Stored records
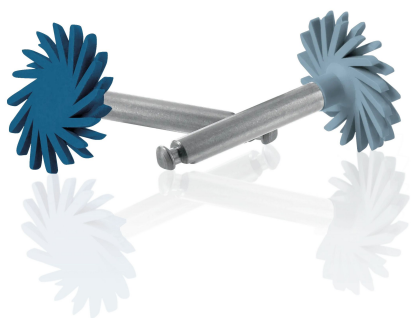

GUME DIAMANTATE TWIST DIA High-shine Kit 10 buc

Pret:

468,28 lei TVA inclusa

Descriere produs:

Oferiți un luciu natural restaurării dvs., cu ajutorul a numai două discuri de lustruire. Indiferent dacă este vorba despre suprafețe plane, convexe sau concave, această pereche de periute de lustruire este tot ce aveți nevoie pentru a obține o obturație cu strălucire intensă.

TWIST™ DIA for Composite este indicat pentru toate tipurile de compozite. Periuța de prelustruire creează forma finală din orice unghi imaginabil. Cu periuța de lustruire intensă puteți finisa obținând un rezultat natural cu luciu puternic în secunde. TWIST™ DIA for Composite este autoclavabil și astfel refolosibil. Combinația de componente flexibile și particule de diamant vă dau un rezultat cu luciu puternic fără precedent la fiecare utilizare!

- Refolosibil
- Autoclavabil
- Discuri de lustruire flexibile
- Pentru orice suprafață
- Conține particule de diamant
- De două dimensiuni: obișnuit ø 14 mm și mic ø 10 mm

BENEFICII

D TECHNICALDENT

Intrarea Sulfinei 94 Magurele, Ilfov. Tel: 021 312 56 60, E-mail: office@technicaldent.ro IBAN: RO17 RNCB

INDICAȚII

Lustruirea suprafeței rășinii compozite

Prezentare

GUME DIAMANTATE TWIST DIA High-shine Kit 10 bucati (5 buc ø 14 mm, 5 buc ø 10 mm)
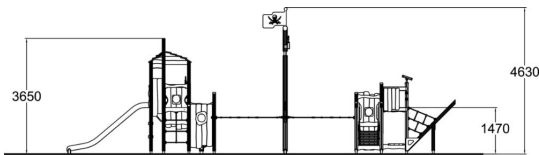

Ikäryhmä	4+
Käyttäjien määrä	32
Tuotteen pituus, mm	12300
Tuotteen leveys, mm	7230
Tuotteen korkeus, mm	4630
Turva-alue, m ²	68
Putoamistila, m ²	67.7
Tilantarve korkeus, mm	5630
Max.putoamiskorkeus, mm	1470
Turvallisuustiedot	EN 1176-1, 3 TÜV
Asennusaika (1 hlö), h	36
Perustusvaihtoehdot	deep_mounting surface_mounting
Puuosat	
Metalliosat	
Köydet	
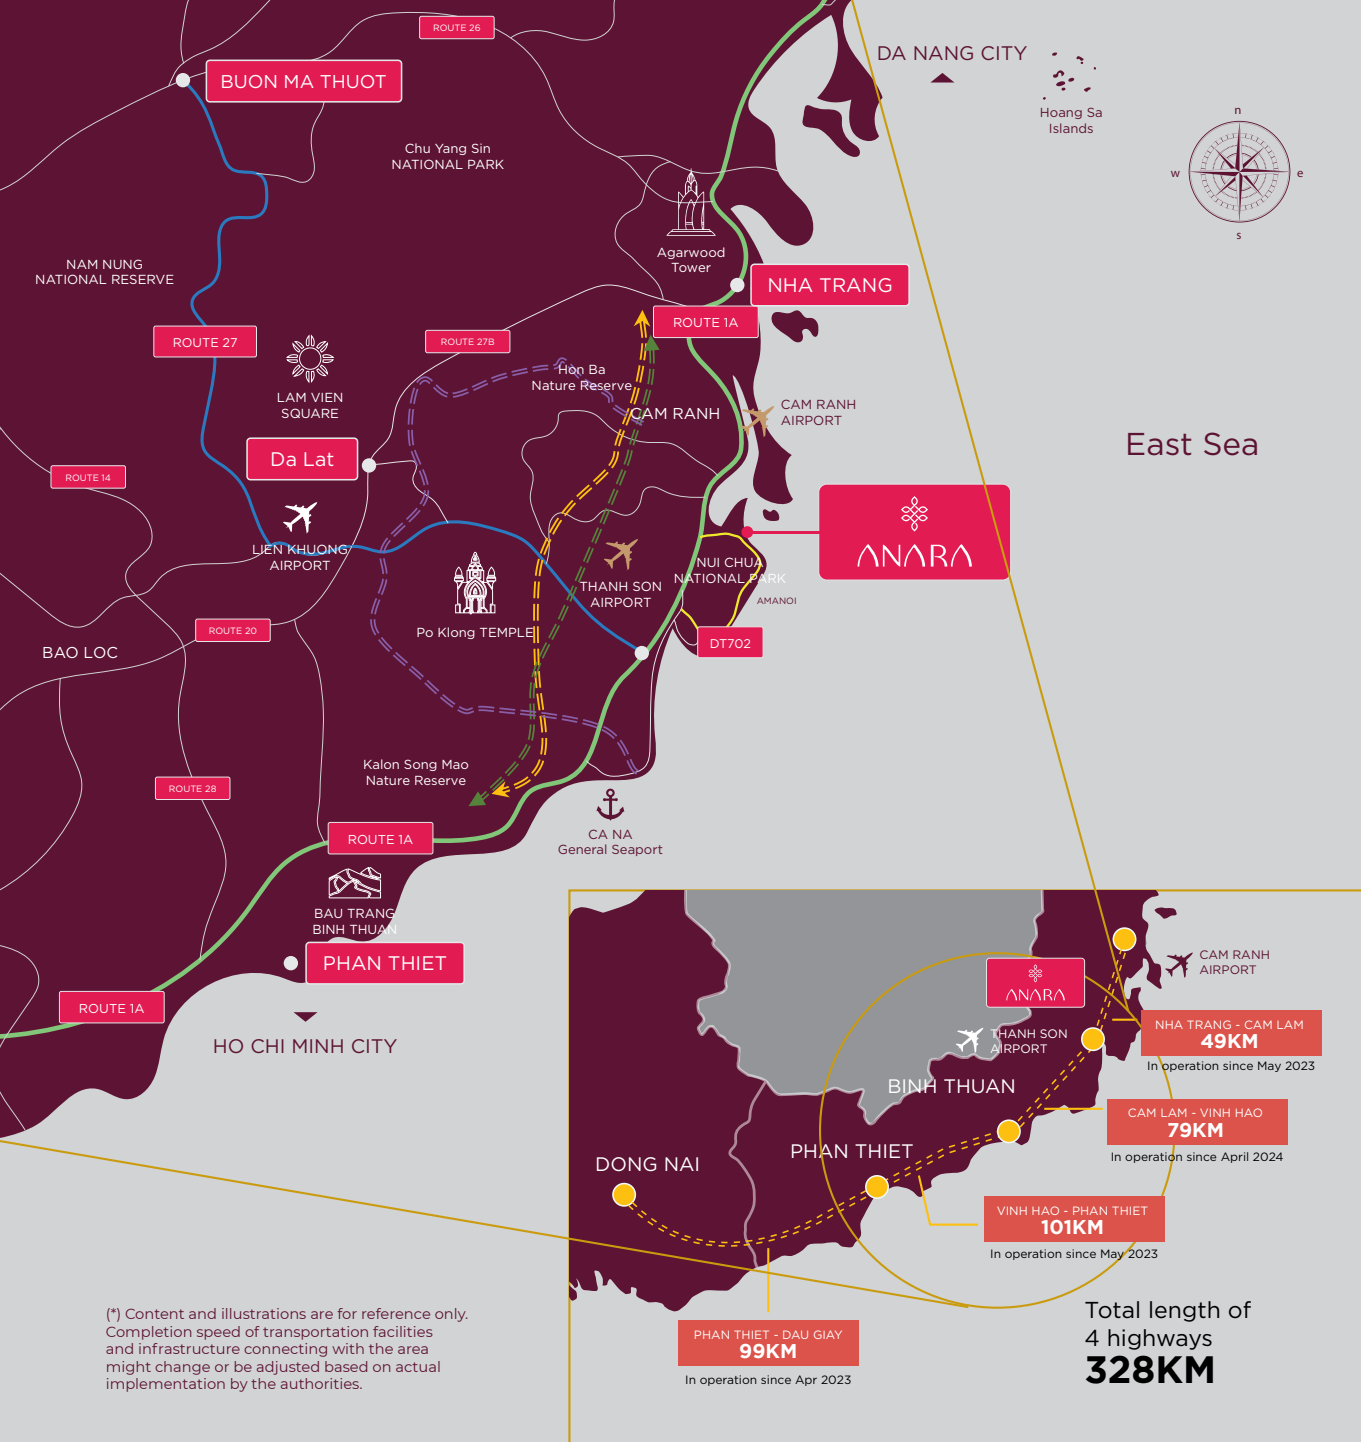

The prime location benefits the profitable investment

Located at the center of multi-regional transport and tourism connections between Top-rated Tourist Attractions Cities in Vietnam including Da Lat - Phan Thiet - Nha Trang, Anara Binh Tien inherits an outstanding network of transport infrastructure from roads, seaways, railways to airways - only **40 mins from Cam Ranh International Airport**. Especially **the launching of 4 highways from HCMC** to enhance the accessibility and **shorten the travelling time down to only 3.5 hours driving**. This potential location contributes the increment of property value and bring out greatest profit opportunities.

TOẠ ĐỘ VÀNG CHO NGÀN CƠ HỘI ĐẦU TƯ

Toạ lạc tại tâm điểm đa kết nối giao thông và du lịch liên vùng giữa Đà Lạt – Phan Thiết – Nha Trang, Anara Bình Tiên được thừa hưởng mạng lưới hạ tầng giao thông vượt trội về đường bộ, đường thủy, đường sắt và đường hàng không - **chỉ 40 phút từ Sân bay Quốc tế Cam Ranh**. Đặc biệt, **sự ra mắt của 4 tuyến cao tốc từ TPHCM** giúp gia tăng kết nối và **rút ngắn khoảng cách di chuyển, chỉ còn 3.5 giờ lái xe**. Chính vị trí tiềm năng này sẽ góp phần gia tăng giá trị tài sản và mang lại cơ hội sinh lời hấp dẫn.

Da Lat - Nha Trang expressway - shorten travel time to around an hour. Cao tốc Đà Lạt – Nha Trang – rút ngắn thời gian di chuyển còn khoảng một giờ.

Ninh Thuan ring road - encircle the city of Phan Rang – Tháp Chàm. Đường vành đai Ninh Thuận - bao quanh thành phố Phan Rang – Tháp Chàm.

North-South High-speed train connecting Hanoi - Vinh to Nha Trang - Ho Chi Minh City, cross Ninh Thuan province. Tàu cao tốc Bắc Nam nối Hà Nội - Vinh tới Nha Trang - TP.HCM, qua tỉnh Ninh Thuận.

Actual photo
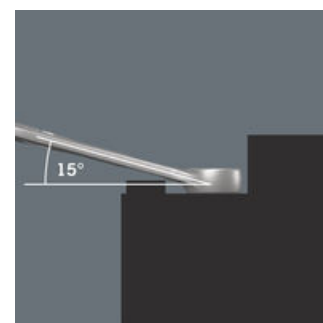

Комбинированный гаечный ключ Joker 6003 с особой формой рожковой части - наклоном на 7,5° и профилем в виде двойного шестигранника - увеличивает вдвое возможности для накидывания ключа при повторных поворотах ключа в процессе завинчивания на 180° относительно продольной оси. Гайка или головка винта захватывается через каждые 15°. Практически Joker 6003 сам находит соответствующее положение после каждого перекидывания.

**Joker 6003: Для угла поворота меньше 30°**

Благодаря наклону на 7,5° рожковой части, профилю в виде двойного шестигранника и оптимальному способу работы (накинуть - закрутить - вернуть - снова накинуть - закрутить - вернуть и т.д.) закручивать можно в тех случаях, когда для поворота ключом имеется угол меньше 30°.

**Геометрия двойного шестигранника**

Профиль в виде двойного шестигранника в рожковой и накидной частях обеспечивает плотный захват головки винта или гайки и снижает вероятность соскальзывания.

**Joker 6003: Изогнутая накидная часть**
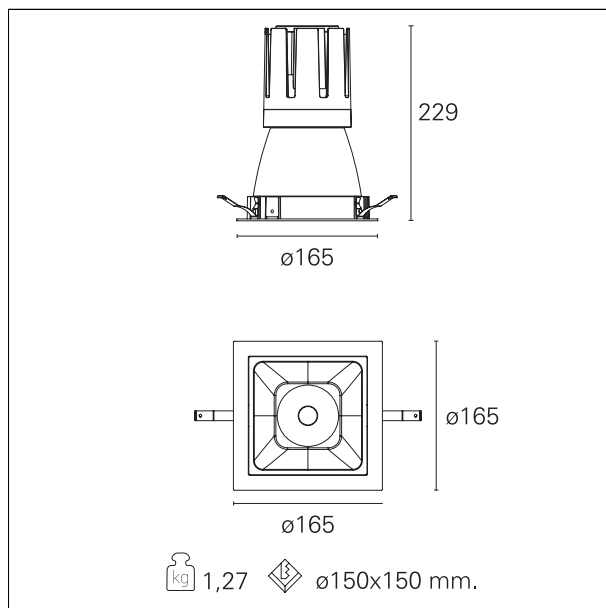

Nemo Comfort - squared

RTL27239DM - white ring / matt white reflector - 42 W / 3000 K / CRI > 90

DESCRIZIONE

Nemo Comfort è la soluzione ideale per le installazioni che devono garantire il massimo comfort visivo; grazie al suo cut off a 48° e alla sua gamma di riflettori satinati, la versione Comfort della serie Nemo garantisce il massimo controllo dell'abbagliamento diretto. I moduli illuminanti sono tutti equipaggiati con led di ultima generazione con CRI > 90 e SDCM < 3. I riflettori secondari intercambiabili disponibili in quattro diverse finiture satiniate permettono di caratterizzare esteticamente l'impianto anche successivamente alla prima installazione senza alterare la performance illuminotecnica. Il cavetto di sicurezza in dotazione evita la caduta accidentale e il sistema di connessione al driver di tipo "fast plug" permette un'installazione rapida e sicura.

switch 1...10V / Push

CARATTERISTICHE APPARECCHIO

tipo di installazione	Trimmed
materiale	Alluminio
colore	Bianco / Bianco Opaco
potenza	42 W
lumen output - emissione diretta	3786 lm
lumen output - emissione totale	3786 lm
efficacia	90 lm/W
dimensioni	165 x 165 mm.
peso netto	1,27 kg.

RTL27239DM - white ring / matt white reflector - 42 W / 3000 K / CRI > 90

IP vano ottico	IP40
IP vano incassato	IP40
IK	IK02

DIMENSIONI FORO D'INCASSO

a x b foro incasso **150 x 150 mm.**

CLASSIFICAZIONE ENERGETICA
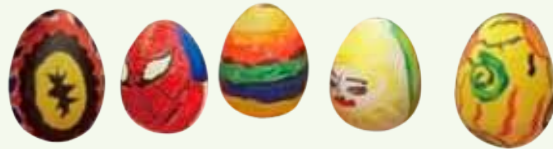

國美之星B館社區 端午立蛋求好運
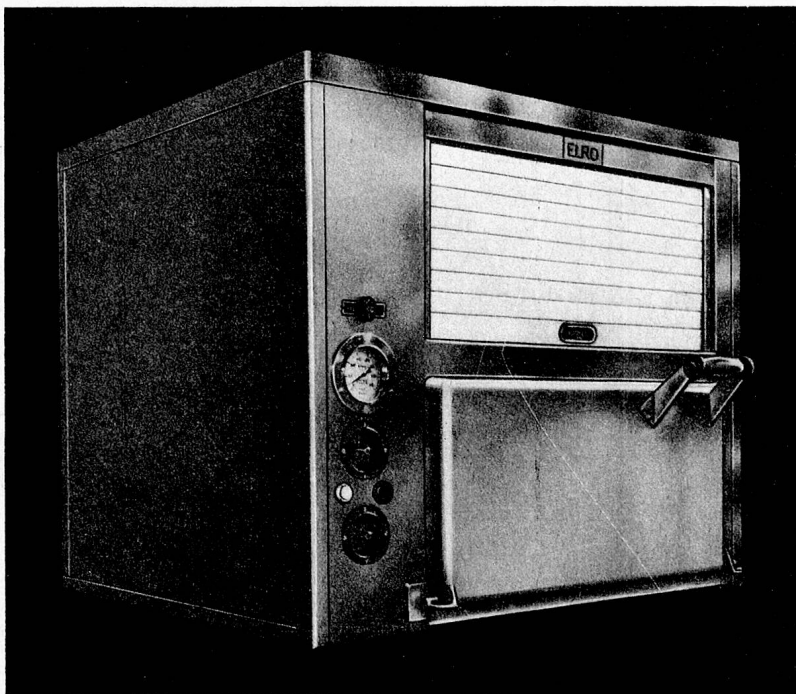

ELRO- Tischbackofen

Der unentbehrliche Helfer für jede Grossküche kann als Einfach-, Doppel- oder Dreifachbackofen in diversen Grössen mit zusammengebautem Gär- oder Wärmeschrank sowie mit verschliessbarem Unterbau geliefert werden.

Ausführung in vollständig rostfreiem Stahl. Dank dichtverschweisstem Backrohr spielend leichte Reinigung gewährleistet.

Maximale Wärmeabgabe durch die direkt ins Blech gepressten Heizrillen. Separat regulierbare Ober- und Unterhitze. Die Temperaturhaltung erfolgt automatisch durch beliebig einstellbaren Thermostat. In der Praxis zur grossen Zufriedenheit der Kunden bestens bewährt. **Fabrik-Garantie**
Alleinfabrikant und Verkauf

Robert Mauch ELRO-WERK Bremgarten AG Tel. (057) 71777
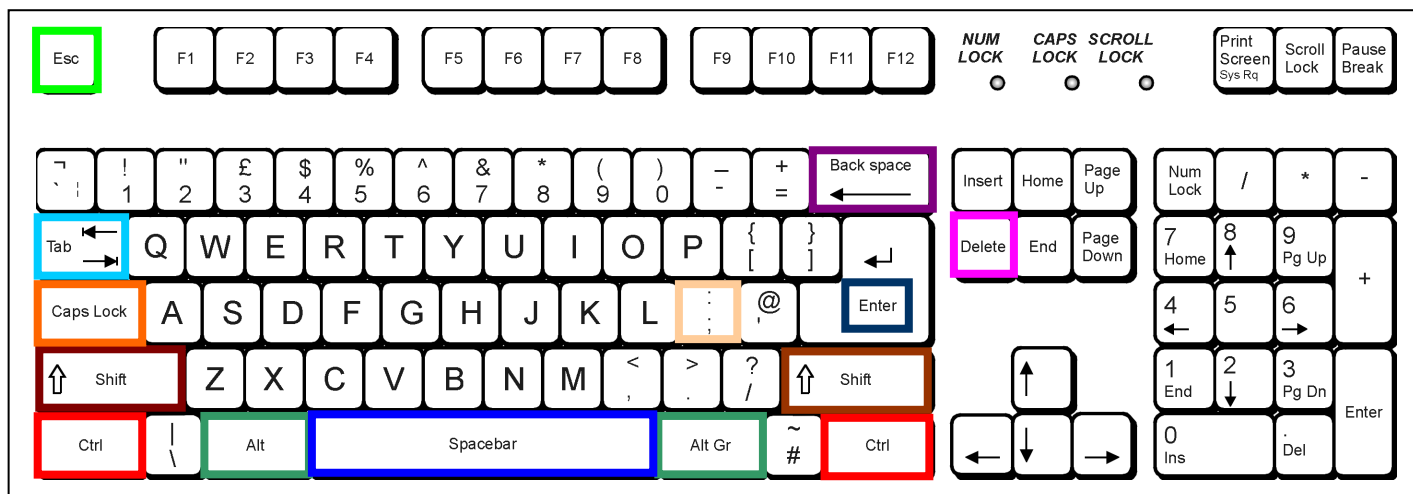

ΛΕΙΤΟΥΡΓΙΕΣ ΠΛΗΚΤΡΟΛΟΓΙΟΥ ΚΑΝΟΝΕΣ ΠΛΗΚΤΡΟΛΟΓΗΣΗΣ

ΤΟ ΠΛΗΚΤΡΟΛΟΓΙΟ

ΧΡΗΣΙΜΑ ΠΛΗΚΤΡΑ

Ctrl

Χρησιμοποιείται σε συνδυασμό με άλλα πλήκτρα για συντομεύσεις (π.χ. Ctrl + A : επιλογή όλων)

Alt

Χρησιμοποιείται για τον χειρισμό των μενού από το πληκτρολόγιο καθώς και για την αλλαγή γλώσσας (Alt + Shift)

Caps Lock

Κλειδώνει και ξεκλειδώνει τα κεφαλαία. Όταν είναι ενεργή η λειτουργία Caps Lock είναι αναμμένο το ομώνυμο λαμπάκι στο πάνω δεξί μέρος του πληκτρολογίου και το πληκτρολόγιο γράφει μόνο κεφαλαία γράμματα.

Shift

Το κρατάμε πατημένο για να γράψουμε κεφαλαία γράμματα. Όταν είναι ενεργή η λειτουργία Caps Lock τότε αντιστρέφεται η λειτουργία του και πληκτρολογούνται πεζά γράμματα. Για πλήκτρα με δύο σύμβολα όπως για παράδειγμα τα πλήκτρα των αριθμητικών ψηφίων το Shift χρησιμοποιείται για την πληκτρολόγηση των συμβόλων στο επάνω μέρος των πλήκτρων.

Enter

Χρησιμοποιείται για την αλλαγή παραγράφων.

Back Space

Σβήνει τον χαρακτήρα αριστερά του σημείου εισαγωγής.

Delete

Σβήνει τον χαρακτήρα δεξιά του σημείου εισαγωγής.

SpaceBar

Εισάγει διαστήματα.
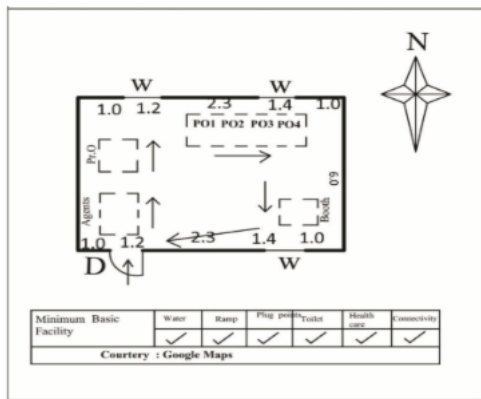

Google Map View

Polling Station Building Front View

Polling Station Front View

Cad View

Key MAP View

சட்டமன்றத் தொகுதியின் எண் மற்றும் பெயர் : 117-கவுண்டம்பாளையம்
பிரிவு எண் மற்றும் பெயர் 1-வார்டு எண் 12 பாப்பநாயக்கன்பாளையம் (பெருமாள் கோவில் வீதி)
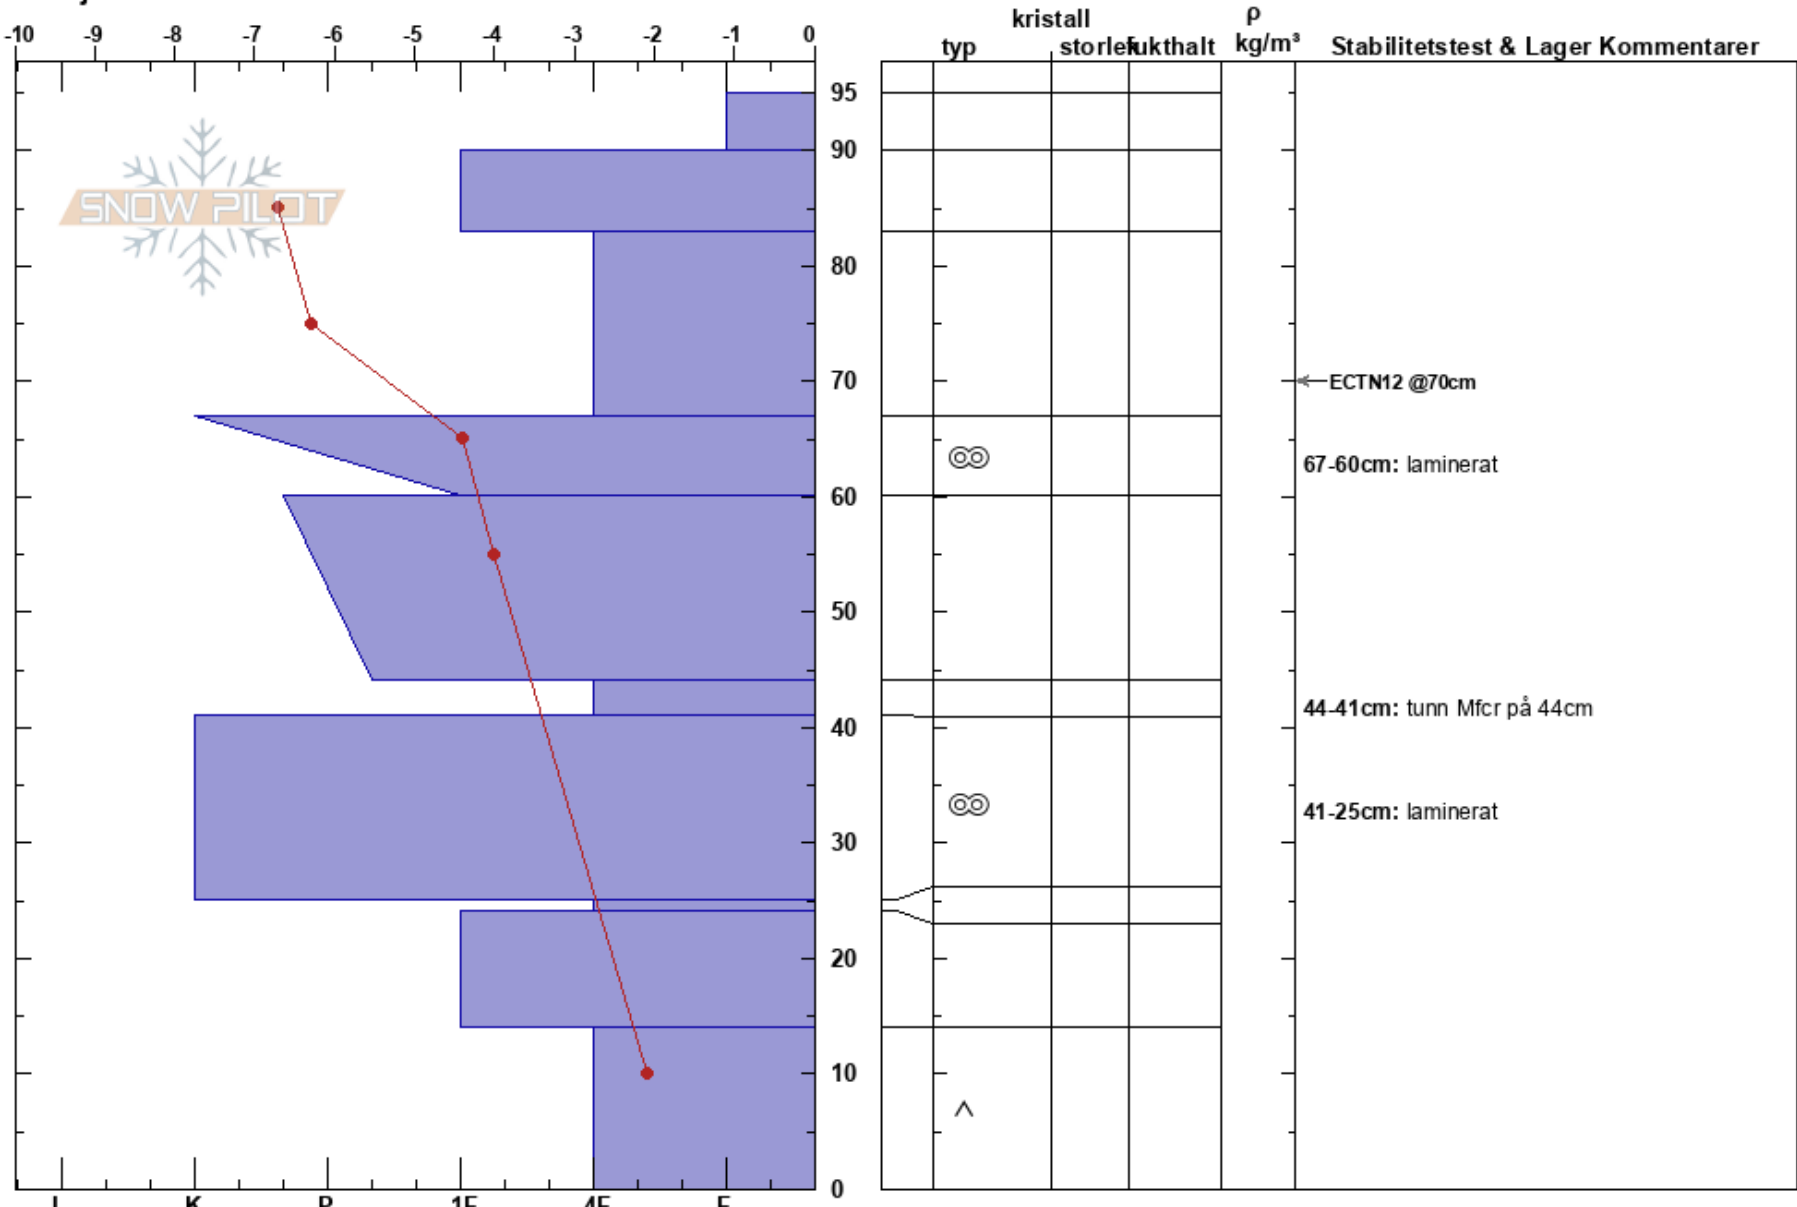

Kårsavagge sw sida  
 Abisko  
 Sweden  
 Höjd: 750 m  
 Väderstreck: SW  
 Detaljerna:

Stefan Hedlund  
 10/04/2020 - 10:03  
 Koordinat:  
 Lutning: 23°  
 Snödrev: yes

Instabilitet:  
 Lufttemperatur: -6.6°C  
 Molnighet: OVC  
 Nederbörd: S-1  
 Vind: W Måttlig vind (8-11 m/s)

HS:95  
 PF:20  
 Lager Kommentarer:  
 67-60cm: laminerat  
 44-41cm: tunn Mfcr på 44cm  
 41-25cm: laminerat

Noteringar (beskrivning av terräng): Lätt snödrev. Bruten fjällsida som bär spår av tidigare hårda västliga vindar. Tunt snötäcke.

Directions » Above are the records; return the lines in them from the one with "D TECHNICALDENT" to the one with "The prime location", inclusive, exactly and without images.

Output for this exercise »
D TECHNICALDENT

Intrarea Sulfinei 94 Magurele, Ilfov. Tel: 021 312 56 60, E-mail: office@technicaldent.ro IBAN: RO17 RNCB

INDICAȚII

Lustruirea suprafeței rășinii compozite

Prezentare

GUME DIAMANTATE TWIST DIA High-shine Kit 10 bucati (5 buc ø 14 mm, 5 buc ø 10 mm)

Ikäryhmä	4+
Käyttäjien määrä	32
Tuotteen pituus, mm	12300
Tuotteen leveys, mm	7230
Tuotteen korkeus, mm	4630
Turva-alue, m ²	68
Putoamistila, m ²	67.7
Tilantarve korkeus, mm	5630
Max.putoamiskorkeus, mm	1470
Turvallisuustiedot	EN 1176-1, 3 TÜV
Asennusaika (1 hlö), h	36
Perustusvaihtoehdot	deep_mounting surface_mounting
Puuosat	
Metalliosat	
Köydet	

The prime location benefits the profitable investment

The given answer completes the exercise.